Using patient data, in the following table we aggregating add two classes walking and indl with personalization of participant.
Finally, in Table 7, below are the best final results according to each position within the four classifiers used.
In Figure 2 we can observe the frequency guideline of each posture. additionally, that in Figure 3 we present the confusion matrix of best configuration for SVM including personalization.

5. Discussion

Based on the results of Table 7, we identified SVM and KNN as suitable classifiers for inferring the body position of user with a F1 closer to 0.95. In addition, we observe that the best classification is developed using personalization, meaning it is key to include some training data of the target subject to enhance accuracy performances. Decision trees were excluded in the comparison since they may not be the best approach using inertial sensors, due to their limitation to handle non-discrete attributes [37]. Finally, the discrimination between idle and walking slightly decreases the performance. This distinction; however, is not relevant for the case of preventing ulcer pressures; therefore, an optimal set of target activities is the reduced set.
Results suggest that a care plan should be established for each type of patient according to the wound level. This care plan needs to be developed in collaboration with the caregivers once the initial assessment is completed, and it will be updated whenever there is a change in the patient’s medical situation or when the wound does not progress towards healing. Pressure injury management strategies should also be customized considering attitudes, beliefs, culture, daily needs, and the personal preferences of the patient. In addition, it is essential that the control passes from the interprofessional team to the person to empower them to help themselves to adhere to their care plan.

6. Limitations

The causality of the formation of PUs is associated to types of forces: pressure, friction, and shearing; PUs Type 2 are associated with friction, and Types 3 and 4 to shear and pressure forces. In this work, we focus on PUs Type 4.

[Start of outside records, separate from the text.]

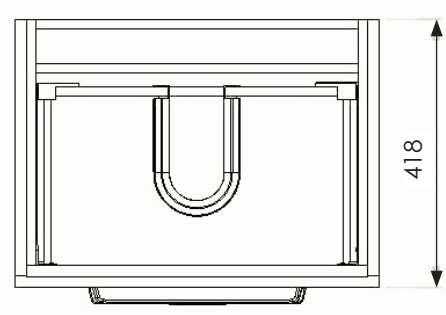

SCENE FURNITURE 80CM FLOOR STANDING VANITY UNIT

CODE: SF80WH WHITE

CODE: SF80AG GLOSS ASH GREY

CODE: SF80CH GLOSS CHARCOAL

MANUFACTURER: THE WHITE SPACE

RANGE: SCENE FURNITURE - STANDARD COLOURS

PRODUCT INFORMATION: 80CM

FLOORSTANDING VANITY UNIT
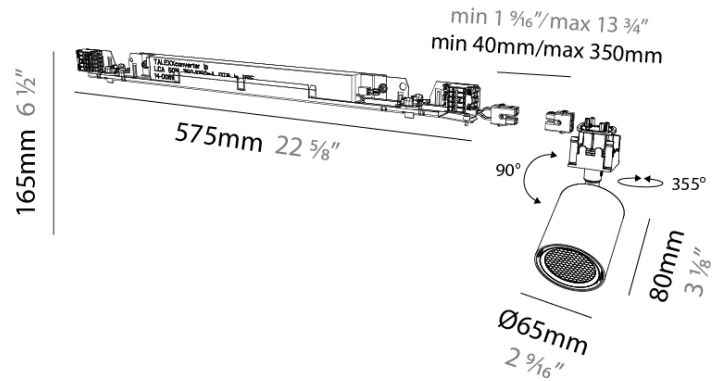

1. To build a product code in our configurator select the specify button on the base model # product page
2. To build a manual product code on this datasheet choose from the options listed below in blue font and add the suffix to the base model #

GENERAL

Series: Centriq
Subseries: Centriq In
Partner: Prolicht
Division: Architectural
Product Type: Spots
Light Distribution: Adjustable

PHYSICAL

Aperture Sizes - Downlights: 2"
Shape: Cylinder
Diameter (mm): 65
Diameter (in): 2 9/16
Length (mm): 575
Length (in): 22 5/8
Height (mm): 165
Height (in): 6 1/2
Diffuser: Lens Pack - No Lens / Opal / Linear Spread Lens / Honeycomb / Spread Lens
Fixture Finish: SSR / BKV / CWI / CRY / HAB / UFT / ITA / RUA / FTG / MYG / LOD / PUS / FRO / FUP / KIA / POP / BLS / SPG / MEY / GOH / CHC / COM / ABZ / JAG / OBR / MOS / ROR
Fixture Material: Aluminum

ELECTRICAL

Lamp Type: LED (Zhaga Standard)
Input Wattage (W): 8
Total Output Wattage (W): 7.3
Dimming: Non-Dimmable
Driver Included: Yes
Driver Location: Integrated
Driver Type: Constant Current - Universal
Driver Class: Class 2
Input Voltage (V): 120 - 277
Upon Request: 0 - 10V Dimming

LED

Color Temperature (°K): 2700-6500 Tunable White
Max. Delivered Lumen (lm): 490 - 564
CRI: >90 CRI
Lamp Life (hrs): 50000

OPTICAL

Reflector: 12

RATINGS AND CERTIFICATIONS

Certified By: Certified for North American Standards
IP rating: IP20
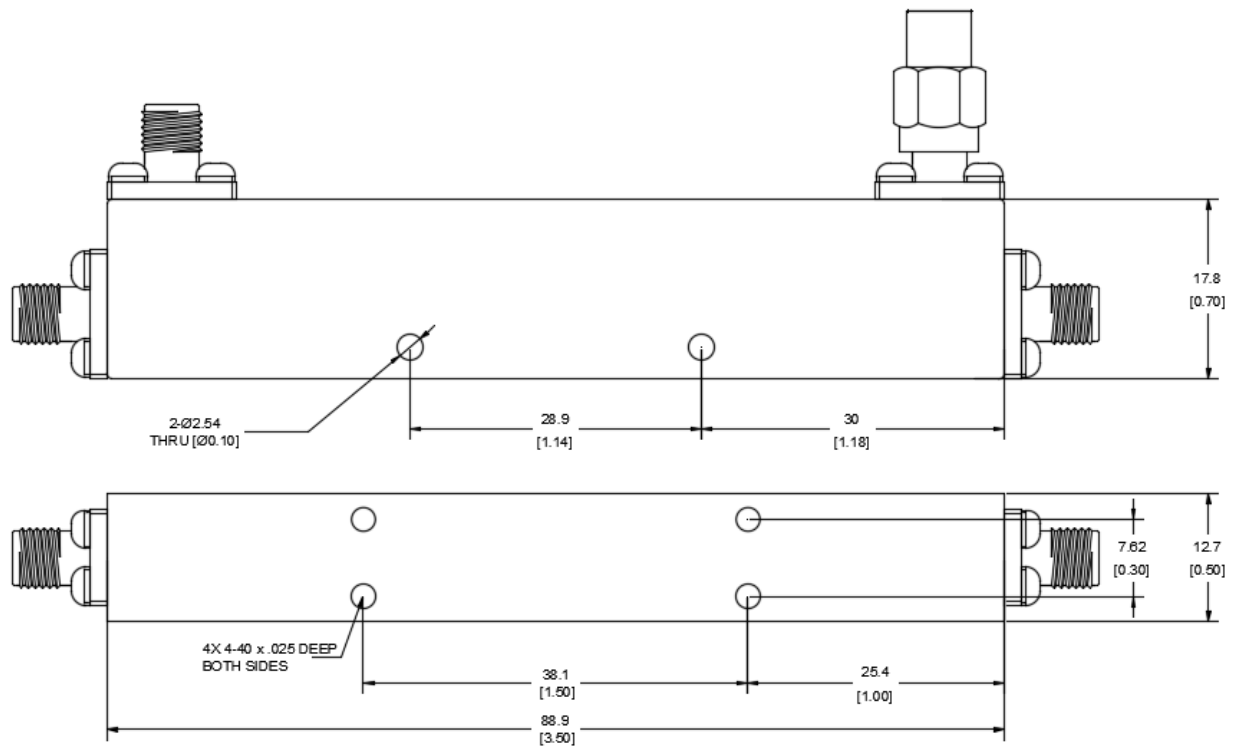

Product: 30db directional Coupler

Part Number: LDC-1/26.5-30S

Specification					
No.	Parameter	Minimum	Typical	Maximum	Units
1	Frequency range	1	-	26.5	GHz
2	Nominal Coupling		30		dB
4	Insertion Loss			1.1	db
5	Coupling Accuracy	-	-	±0.6	dB
6	Coupling Sensitivity to Frequency		-	±0.7	dB
7	Directivity	13			dB
8	VSWR	-	-	1.5	-
9	Power			20	W cw
10	Operating Temperature Range	-40	-	+85	°C
11	Impedance	-	50	-	Ω
12	Connecter	SMA-F			
13	Preferred finish	Yellow conductive oxidation			

Remarks:

1.Include Theoretical loss 0.004db 2.Power rating is for load vswr better than 1.20:1

Environmental Specifications	
Operational Temperature	-40°C~+85°C
Storage Temperature	-50°C~+95°C
Vibration	25gRMS (15 degrees 2KHz) endurance, 1 hour per axis
Humidity	100% RH at 35°C, 95%RH at 40°C
Shock	20G for 11msec half sine wave,3 axis both directions
Mechanical Specifications	
Housing	Aluminum
Connector	stainless steel
Female Contact:	gold plated beryllium brass
Rohs	compliant
Weight	0.2kg

No.89,Huahan Road, chenghua Zone Chengdu, Sichuan China Zip Code:610000

All Dimensions in mm

Outline Tolerances $\pm 0.5(0.02)$

Mounting Holes Tolerances $\pm 0.2(0.008)$

All Connectors: SMA-Female

TEST DATA

7. Conclusions and Future Work

In this work we presented a prototype intelligent system for the prevention of PUs. A solution based on two wearable inertial sensors on the ankle and shoulder was proposed to provide an accurate estimation of a patient’s body orientation. Changes in posture are considered as the main prevention mechanism and it has been shown that it “is necessary and sufficient to avoid the appearance of pressure ulcers”. This work aimed to provide the caregivers with real-time continuous body position monitoring, thus reducing the required effort thanks to automatic control.
The evaluation of different classification approaches showed that SVM and KNN provide better results in determining the position of the patient according to the data collected, the high competence, and the inherent design to work with numerical attributes. Personalization was implemented including some data of the target patient. This increased the precision and recall performance notably.
In future work we will address the use of the integrated inertial sensor in an Internet of Things device to present a less invasive approach that could be used in case studies with patients to avoid pressure ulcers. In addition, we will include linguistic rules and configuration of the alerts according to the frequency that each patient needs and the position; the intelligent system is able to prevent the ulcer by evaluating the risk and the mobility of the patient. This intelligent system would help hospitals to be more efficient and would optimize nurses’ time.
We note the novelty of this work is that it proposes the use of wearable inertial sensors to monitor patients through an intelligent system which determines the position in real-time in an automatic fashion.

Acknowledgments

This research has received funding under the REMIND project Marie Sklodowska-Curie EU Framework for Research and Innovation Horizon 2020, under grant agreement No. 734355. Furthermore, this contribution has been supported by the Spanish government by means of the projects PI-0387-2018, PI-0203-2016, RTI2018-098979-A-I00, and CAS17/00292, and the postdoctoral research grant Action-6 of the University of Jaén.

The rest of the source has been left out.